The starting point for the knots discussed in this paper is classical
field theory with a unit-vector field defined everywhere in the
3-dimensional space.  The unit vector can be considered as a point in
$S^2$; furthermore, if at spatial infinity all vectors point to the
same direction (lets say to the north pole, i.e., ${\bf n}=(0,0,1)$)
we can compactify $R^3$ to $S^3$ and the vector field provides a map $
{\bf n}: S^3 \to S^2.  $ Such maps can be labeled by their Hopf
charge, $\pi_3(S^2)={\Bbb Z}$.  As an example we mention the following
map with Hopf charge one:
\begin{eqnarray}
n^1&=&\frac{4(2xz-y(x^2+y^2+z^2-1))}{(1+x^2+y^2+z^2)^2},\nonumber\\
n^2&=&\frac{4(2yz+x(x^2+y^2+z^2-1))}{(1+x^2+y^2+z^2)^2},\label{X:T}\\
n^3&=&1-\frac{8(x^2+y^2)}{(1+x^2+y^2+z^2)^2}.\nonumber
\end{eqnarray}
(It is easy to see that ${\bf n}\to (0,0,1)$ as $x^2+y^2+
z^2\to\infty$, as required). A knot can be associated to the vector
field by considering how it turns around. In particular, one can look
at the pre-image of the south pole ${\bf n}=(0,0,-1)$; normally it is
a closed curve which may form a knot.  For the vector field
(\ref{X:T}) the pre-image of the south pole is the ring
$z=0,\,x^2+y^2=1$, justifying the name ``un-knot''. Later it will
become clear that the curve forming the (un-)knot has also direction
and handedness, and the relevant knot theory is therefore that of
``framed links''~\cite{Fc}. [An un-knot of charge $Q$ is obtained from
(\ref{X:T}) if we replace $x\to\Re[(x+iy)^Q]/r^{Q-1},
y\to\Im[(x+iy)^Q]/r^{Q-1}$, where $r=\sqrt{x^2+y^2}$.]

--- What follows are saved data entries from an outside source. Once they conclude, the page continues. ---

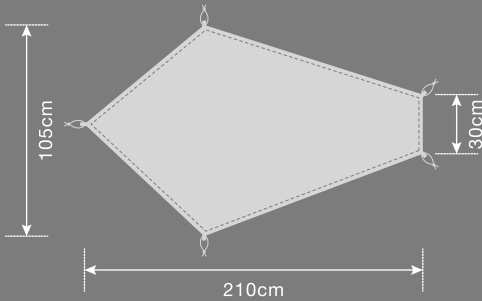

ラゴ Pro.air 1

グランドシート

Lago Pro.air 1 Ground Sheet

ラゴ Pro.air 1専用のグランドシートです。
インナーテントのボトムを汚れから守ります。

4 960589 011209

SSD-730-1

スペック

●材質:30Dナイロンリップストップ・PUコーティング耐水圧1,500mmミニマム ●重量:150g

In addition to topology we need physics, in particular we need to
define an energy for the field configuration. One requirement is that
it should not be feasible to minimize energy by scaling the knotted
configuration to zero or infinite size.  One early proposal was
\cite{Ni} $E={\tfrac12}\int [(\partial_\mu {\bf n})^2]^{\frac32} d^3x$
($\mu$-sum over 1 to 3), but this does not contain a scale. In
\cite{Fa} Faddeev proposed the Lagrangian
\begin{equation} 
L={\tfrac12}\int\left\{(\partial_\mu {\bf n})^2 + g
F_{\mu\nu}^2\right\} d^3x, \quad F_{\mu\nu}= \epsilon_{abc}
n^a\partial_\mu n^b \partial_\nu n^c,
\label{FL}
\end{equation}
as the energy functional. (The topological term can also be written as
$ F_{\mu\nu}^2=\frac12(\partial_\mu {\bf n} \times \partial_\nu {\bf
n})^2 =\frac12 [(\partial_\mu {\bf n})^2(\partial_\nu {\bf n})^2-
(\partial_\mu {\bf n} \cdot \partial_\nu {\bf n})^2]$.) What is
important here is that there is now a scale defined by the dimensional
coupling constant $g$.  Indeed, the derivatives mean that the
integrated kinetic term scales under $r\to\lambda r$ as $\lambda$, and
the $F^2$ term as $\lambda^{-1}$.  Thus a given initial knotted field
configuration (e.g. (\ref{X:T})) should evolve (with suitable added
dynamics) to a stable minimized configuration of a given size and
shape. Vakulenko and Kapitanskii \cite{VK} obtained the lower limit
(VK bound)
\begin{equation}
E\ge c\,\sqrt{g} |Q|^{\frac34},
\label{VKb}
\end{equation}
for the energy given by (\ref{FL}), here $c$ is some constant, $g$ the
coupling constant in (\ref{FL}), and $Q$ the Hopf charge.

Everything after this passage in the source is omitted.